简体   繁体   English

根据spark中上一行的同一列的值计算值

[英]Calculate value based on value from same column of the previous row in spark

I have an issue where I have to calculate a column using a formula that uses the value from the calculation done in the previous row.我有一个问题,我必须使用一个公式来计算一列,该公式使用前一行中计算的值。

I am unable to figure it out using withColumn API.我无法使用withColumn API 弄清楚。

I need to calculate a new column, using the formula:我需要使用以下公式计算一个新列:

MovingRate = MonthlyRate + (0.7 * MovingRatePrevious)

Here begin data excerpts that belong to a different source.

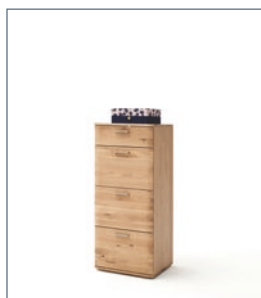

Sitzkissen 02085SAN optional

NIL14T80 Garderobebank

2 Schubkästen
 B/H/T ca. 90/44/38 cm

Sitzkissen 02085SAN optional

NIL14T83 Garderobenschrank

2 Türen (2 feste Böden/5 Einlegeböden/
 Kleiderstange)
 B/H/T ca. 65/197/38 cm

NIL14T86 Kommode

1 Schubkasten, 2 Türen (3 Einlegeböden)
 B/H/T ca. 65/102/38 cm

NIL14T90 Garderobepaneel

Hutablage, Kleiderstange, 6 Haken
 B/H/T ca. 90/114/29 cm

NIL14T93 Garderobenspiegel

B/H/T ca. 65/91/3 cm

NIL14T70 Kommode

2 Türen (hinter jeder Tür 2 Einlegeböden)
 B/H/T ca. 100/86/44 cm

NIL14T72 Kommode

2 Türen (hinter jeder Tür 2 Einlegeböden) /
 3 Schubkästen
 B/H/T ca. 150/84/44 cm

NIL14T73 Kommode

4 Schubkästen
 B/H/T ca. 50/118/44 cm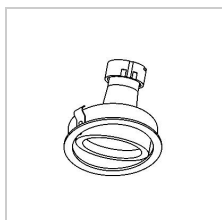

Ø80 SYSTEM

CASCAMBIOC/..

inbouwcassette

Lichtdistributie

Project _____

Type _____

Nota _____

Aantal _____

Datum _____

Lamp

(lampNotIncluded)

Lamptype	QPAR 51
Lampvoet	GU10
Aantal	1
Vermogen	20W
Spanning	230V

Fysisch

Type gebruik	Interieur
Type bevestiging	Plafond
Afmetingen armatuur	ø70x115 mm
Richtingstype	In beide vlakken
IP-beschermingsgraad	IP20
Gewicht	0,2460 kg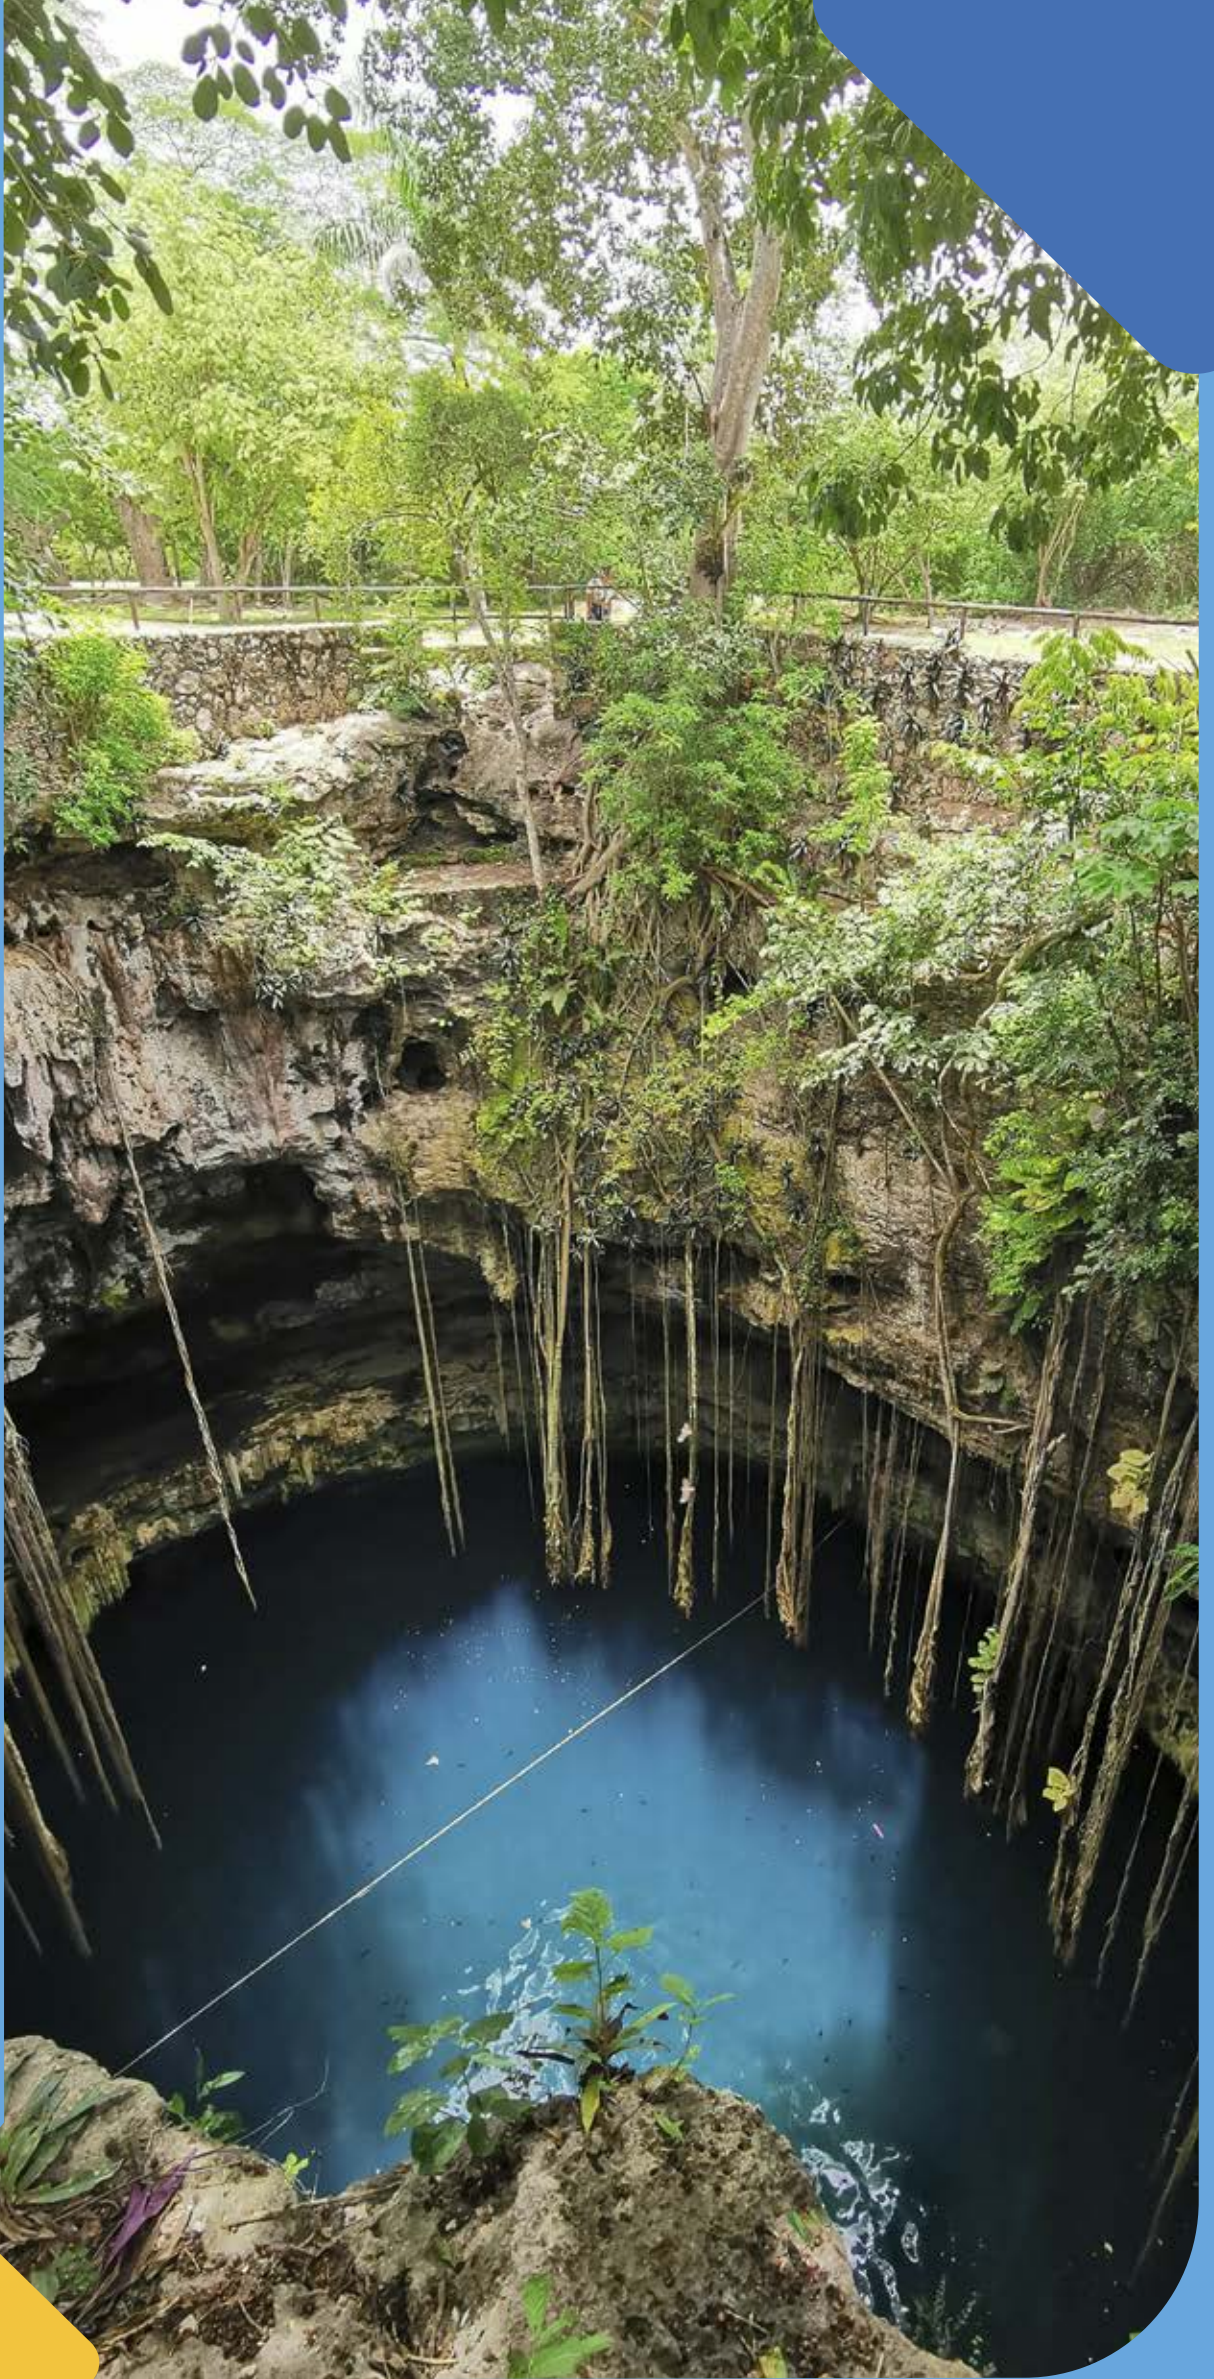

# SENDERO MEXICANO

**Semana Santa**

Desde Buenos Aires

**Salida 09 abril**

**16 días**

Base doble

**USD 3.852**

**+ USD 1.062**  
Impuestos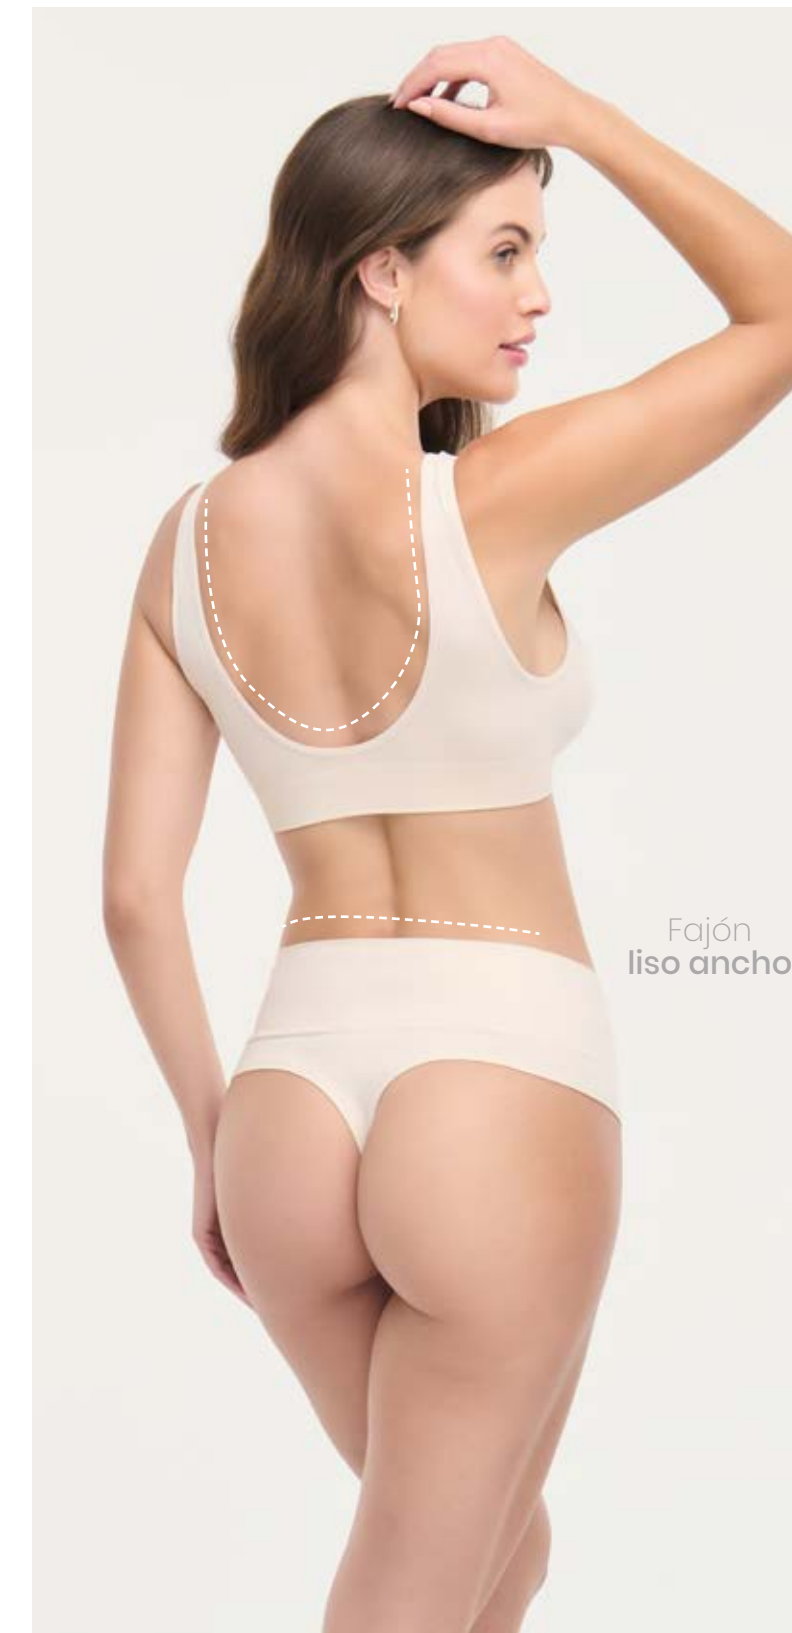

PRO
DR
GUR
LES
S

Tiras
anchas fijas

\$42.900

● NATURAL BLANCO ● NEGRO

TOP | REF. 49726 | S·M·L·XL

Top seamless con tiras anchas fijas. Fabricado en tejido seamless, que proporciona un ajuste cómodo y adaptable al cuerpo. El recogido central realza la forma natural del busto, mientras que su banda inferior elástica garantiza un soporte suave y seguro.

PANTY
SILUETA TANGA BRASILEIRA BÁSICA

Fajón
liso ancho

\$32.900

● NATURAL BLANCO ● NEGRO

PANTY | REF. 49711 | S·M·L·XL

Panty silueta tanga brasileira seamless, confeccionado en tejido de punto. Incluye fajón liso ancho que aporta soporte y un toque diferenciador.

Escote profundo

Escote profundo en espalda

Fajón liso ancho

\$42.900

● NEGRO ● NATURAL ● BLANCO

TOP | REF. 49726 | S-M-L-XL

Top seamless con tiras anchas fijas. Fabricado en tejido seamless, que proporciona un ajuste cómodo y adaptable al cuerpo. El recogido central realza la forma natural del busto, mientras que su banda inferior elástica garantiza un soporte suave y seguro.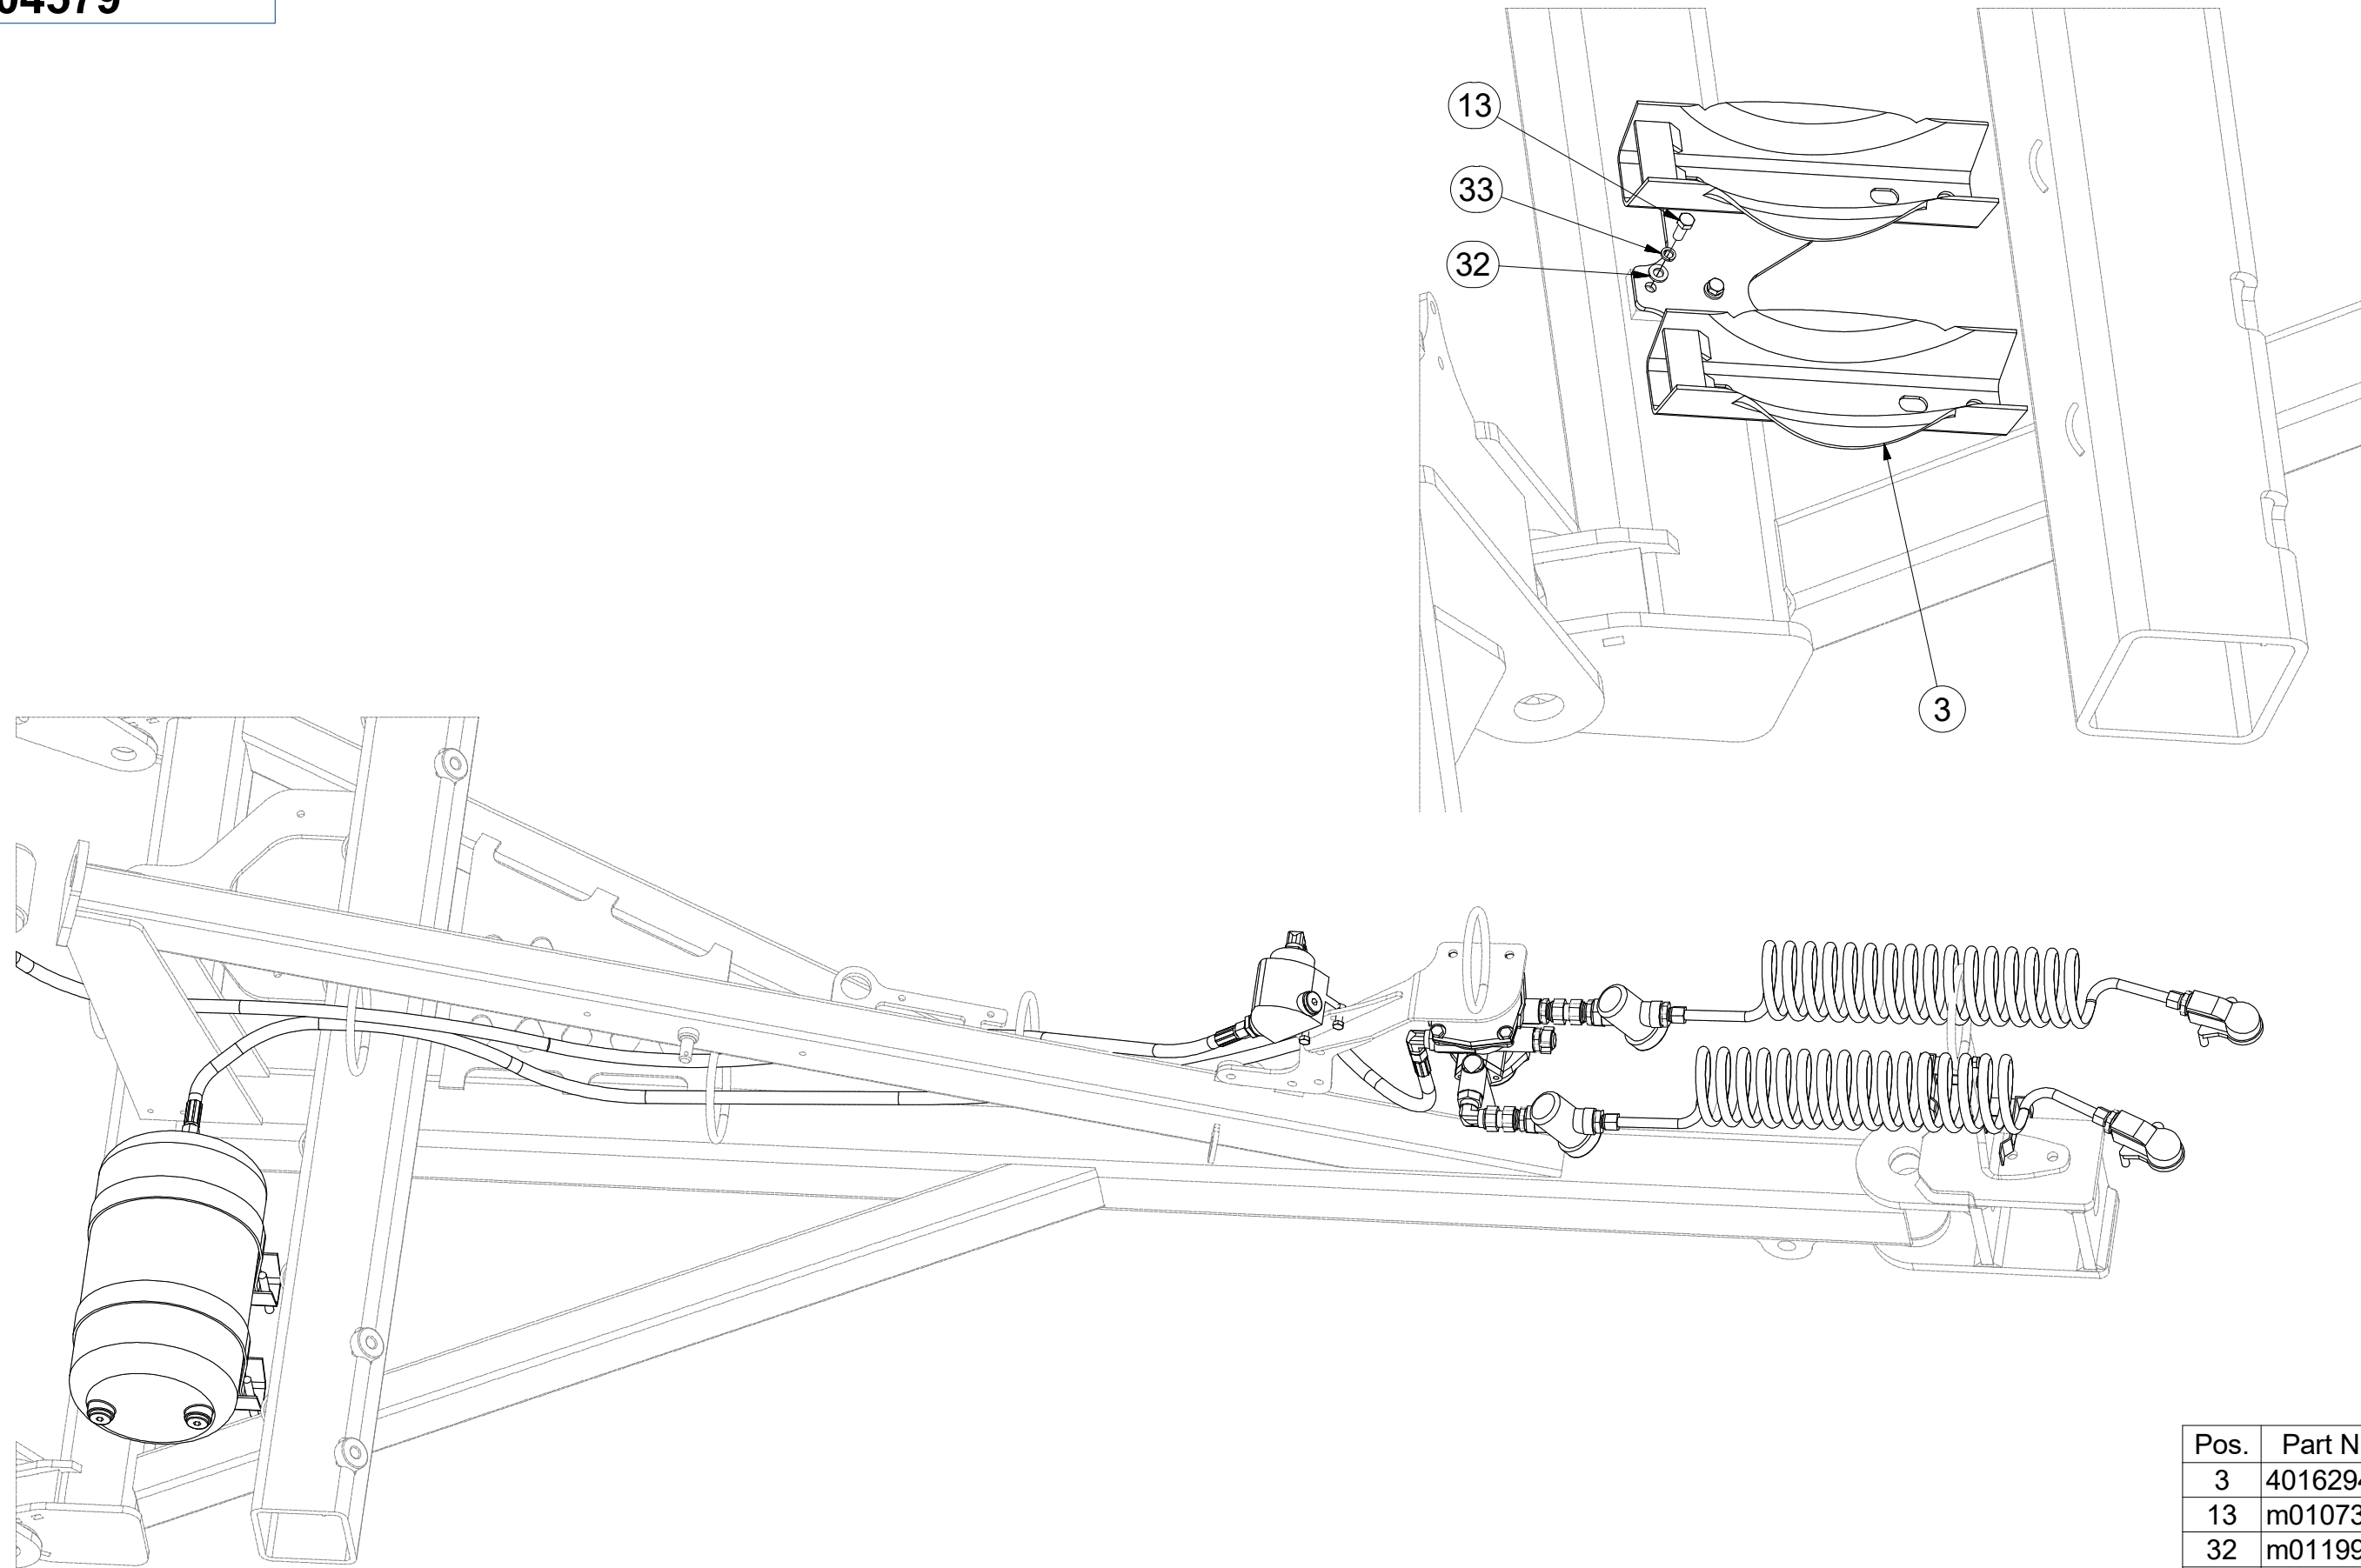

CZ DVOUHADICOVÉ BRZDY
D ZWEISCHLAUCHBREMSEN
F FREINS À DEUX FLEXIBLES

GB DOUBLE-HOSE BRAKES
RU ДВУХШЛАНГОВЫЕ ТОРМОЗА
PL HAMULCE DWUPRZEWODOWE

3004579

Pos.	Part Number	Pcs.
3	4016294	1
13	m01073	2
32	m01199	2
33	m01200	2

... where the MovingRatePrevious is the MovingRate of the prior row. ... 其中MovingRatePrevious是前一行的MovingRate

For month 1, I have the value so I do not need to re-calculate that but I need that value to be able to calculate the subsequent rows.对于第 1 个月,我有这个值,所以我不需要重新计算它,但我需要该值才能计算后续行。 I need to partition by Type.我需要按类型分区。

This is my original dataset:这是我的原始数据集:

在此处输入图像描述

Desired results in MovingRate column: MovingRate 列中的所需结果:

在此处输入图像描述

Given the nature of the requirement that each moving rate is recursively computed from the previous rate, the column-oriented DataFrame API won't shine especially if the dataset is huge.考虑到每个移动速率是从前一个速率递归计算的要求的性质,面向列的 DataFrame API 不会发光,尤其是在数据集很大的情况下。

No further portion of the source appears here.